Selon une analyse du média tessinois Tio.ch, avec un revenu net de 5 000 CHF par mois, la variation de change par rapport à la moyenne de l’été 2024 représente plus de 150 euros de gain mensuel, soit plus de 1 800 euros par an, sans aucune augmentation de salaire. Le salaire net en francs suisses reste identique, mais sa contrevaleur en euros progresse.
Cet effet joue dans les deux sens. Une remontée de l’euro réduirait ce bonus invisible. Tout expatrié français payé en CHF a intérêt à surveiller le taux de change comme un élément à part entière de sa rémunération.

Télétravail et fiscalité frontalière : la règle genevoise à connaître
Les expatriés français installés en Suisse ne sont pas directement concernés par le statut frontalier. En revanche, certains envisagent après quelques années de s’installer côté français tout en conservant leur emploi suisse, notamment à Genève.
Un avenant fiscal encadre désormais le télétravail transfrontalier à Genève, en fixant un seuil de jours travaillés depuis la France au-delà duquel l’imposition bascule partiellement ou totalement vers le fisc français. Ce mécanisme change le calcul du net de manière significative pour quiconque envisage cette transition.
Avant de prendre cette décision, il faut intégrer que le passage au statut de frontalier modifie le régime d’assurance maladie, les cotisations retraite et le barème fiscal applicable. Le salaire brut reste le même, mais le net peut varier de plusieurs centaines de francs par mois dans un sens comme dans l’autre.

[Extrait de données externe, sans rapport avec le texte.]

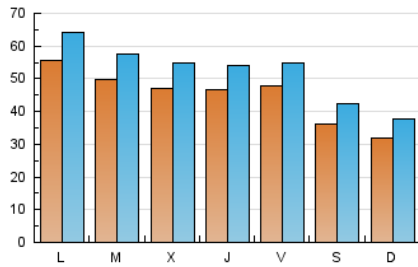

4. Gràfiques (Nacional)

4.1 Per dia de la setmana (promig)

N. únics / Visites (x 100)

Simuler son salaire net suisse : les variables à intégrer
Aucun convertisseur brut/net générique ne suffit pour un expatrié français. Le résultat dépend d’un ensemble de paramètres que la plupart des simulateurs en ligne ne croisent pas correctement.
- Le canton et la commune de résidence (barème d’imposition à la source)
- La situation familiale et le nombre d’enfants (qui modifient le code barème)
- L’âge du salarié (impact sur les cotisations LPP du deuxième pilier)
- Le plan de prévoyance professionnelle de l’employeur (cotisations variables)
- Le choix du modèle d’assurance maladie LAMal (franchise, assureur, couverture complémentaire)
La seule approche fiable consiste à additionner tous ces postes à partir des données réelles du canton visé, puis à soustraire l’assurance maladie et les frais de vie locaux pour obtenir un salaire net réellement disponible. Le chiffre obtenu est souvent éloigné de la première impression laissée par le brut contractuel.